Stored entries:
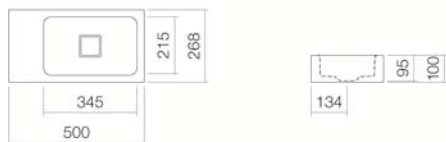

A³form

Scheda tecnica

Lavabi a muro e a terra

WT.XS500.R

Numero di articolo: 4293000000

Design partner: busalt design

Caratteristica

Titolo di articolo	WT.XS500.R
Numero di articolo	4293000000
Colore standard	Bianco
Varianti	Bianco, idrorepellente (XXXX XXX 400) Bianco, superficie antibatterica (XXXX XXX 401)
Modello standard	senza foro per il rubinetto, senza troppo pieno
Varianti	colori speciali e opachi
Dimensione	500 x 268 x 100 mm
Materiale	Acciaio vetrificato
Peso netto	4,5 kg
Montaggio	per la connessione al muro
Accessori	Sifone SI.2, Sifone SI.3, Porta-asciugamani per il montaggio a destra HTH.220.R3
Indicazioni per la rubinetteria	Punto di caduta ottimale ca. 75 – 135 mm dal bordo del lavabo.

Rubinetteria con erogazione perpendicolare alla bocca (angolo di direzione 90°) e con l'areatore anticalcare inserito garantisce una caduta ottimale dell'acqua nel bacino del lavabo.

Specifiche Testo

Lavabo a muro, rettangolare, 500 x 268 mm, bacino rettangolare a destra, vetrificato internamente ed esternamente, bianco, altezza 100 mm, senza foro per il rubinetto e troppo pieno, compresi piletta di scarico con calotta vetrificata bianca e kit di fissaggio
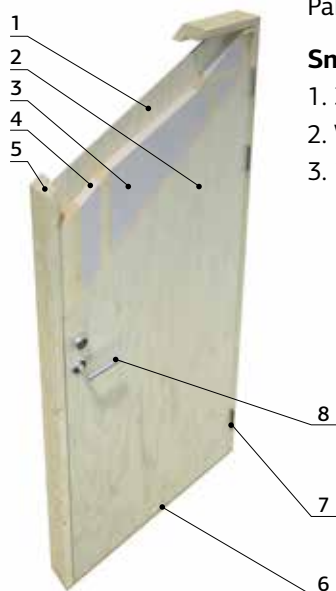

Hagehytte eller behov for ekstra plass? Vi har det du trenger!

Palmako Nordic hagehytter

Moderne hagehytter i Skandinavisk stil. Palmako Nordic er prefabrikkerte byggesett som er enkle og raske å montere.

- Prefabrikkerte veggelementer
- Vindsperre
- Reisverk i 45x70 mm
- Trykkimpregnert bjelkelag 45x150 mm
- Dobbelt isolerglass
- Åpningsbare vinduer
- Fleksibel plassering av dør- og vinduselementer
- Ekstra vinduselementer: Se side 91

1. Kryssfiner 10mm
2. Kryssfiner 10mm
3. EPS 50 40mm isolasjon
4. Konstruksjon i tre 40x40mm
5. Limtre ramme 44x105mm
6. Terskel 28x93mm hardtre
7. Hengsler 115x84x3mm (3x)
8. Låskasse med sylindrelås

Total elementtykkelse for Palmako Nordic er 88 mm.

Snitt Veggelementer

1. 34x70 mm reisverk
2. Vindsperre
3. 18 mm uhøvlet kledning
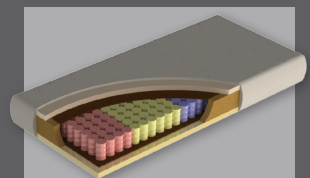

## Matras Cruise Imperial Crew CIC16

### EIGENSCHAPPEN

Kern : pocketveren 7 zones small  
afdeklaag 2x3 cm PU schuim D40  
Hoes : FR Rebecca M/30249  
Extra : 4 handvatten

### MATRAS MET POCKETVEREN 7 ZONES

Deze pocketverenmatras is gevuld met veren die afzonderlijk zijn ingepakt in zakjes die gemaakt zijn van een synthetisch non-woven materiaal. De zakjes worden aan elkaar gehecht zodat iedere veer zelfstandig kan bewegen.

De 7 zones zorgen ervoor dat alle lichaamsdelen evenredig worden ondersteund. Deze comfortzones zijn symmetrisch opgebouwd zodat de matras regelmatig kan gedraaid worden. De veren zorgen ervoor dat in de matras de lucht vrij kan circuleren wat goed is voor de ventilatie en vochtafvoer.
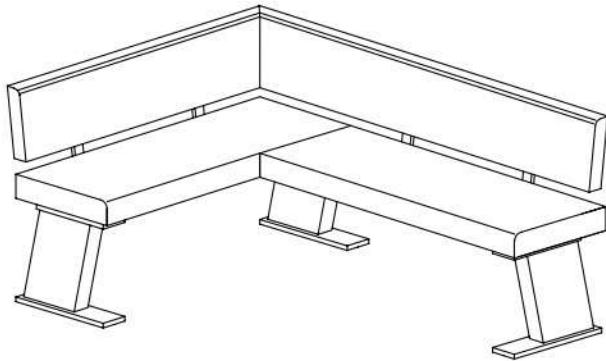

LYON REB

Hela Tische Möbel Vertriebs GmbH
Scheidkamp 14, D-32584 Löhne
service@hela-tische.de

			
1	1x	1490x530mm	2/3
2	1x	1400x530mm	2/3
3	1x	2080x370mm	1/3
4	1x	1400x370mm	1/3
5	3x	490x355mm	3/3
6	4x	510x30/15mm	1/3

- **WHAT THIS TASK INVOLVES**:
Only the lines from the line with "4. Konstruksjon i tre 40x40mm" through the end of the entries above, copied exactly and with both ends included, belong in the response; the pictures do not.

- **SOLVED EXERCISE**:
4. Konstruksjon i tre 40x40mm
5. Limtre ramme 44x105mm
6. Terskel 28x93mm hardtre
7. Hengsler 115x84x3mm (3x)
8. Låskasse med sylindrelås

Total elementtykkelse for Palmako Nordic er 88 mm.

Snitt Veggelementer

1. 34x70 mm reisverk
2. Vindsperre
3. 18 mm uhøvlet kledning

## Matras Cruise Imperial Crew CIC16

### EIGENSCHAPPEN

Kern : pocketveren 7 zones small  
afdeklaag 2x3 cm PU schuim D40  
Hoes : FR Rebecca M/30249  
Extra : 4 handvatten

### MATRAS MET POCKETVEREN 7 ZONES

Deze pocketverenmatras is gevuld met veren die afzonderlijk zijn ingepakt in zakjes die gemaakt zijn van een synthetisch non-woven materiaal. De zakjes worden aan elkaar gehecht zodat iedere veer zelfstandig kan bewegen.

De 7 zones zorgen ervoor dat alle lichaamsdelen evenredig worden ondersteund. Deze comfortzones zijn symmetrisch opgebouwd zodat de matras regelmatig kan gedraaid worden. De veren zorgen ervoor dat in de matras de lucht vrij kan circuleren wat goed is voor de ventilatie en vochtafvoer.

LYON REB

Hela Tische Möbel Vertriebs GmbH
Scheidkamp 14, D-32584 Löhne
service@hela-tische.de

			
1	1x	1490x530mm	2/3
2	1x	1400x530mm	2/3
3	1x	2080x370mm	1/3
4	1x	1400x370mm	1/3
5	3x	490x355mm	3/3
6	4x	510x30/15mm	1/3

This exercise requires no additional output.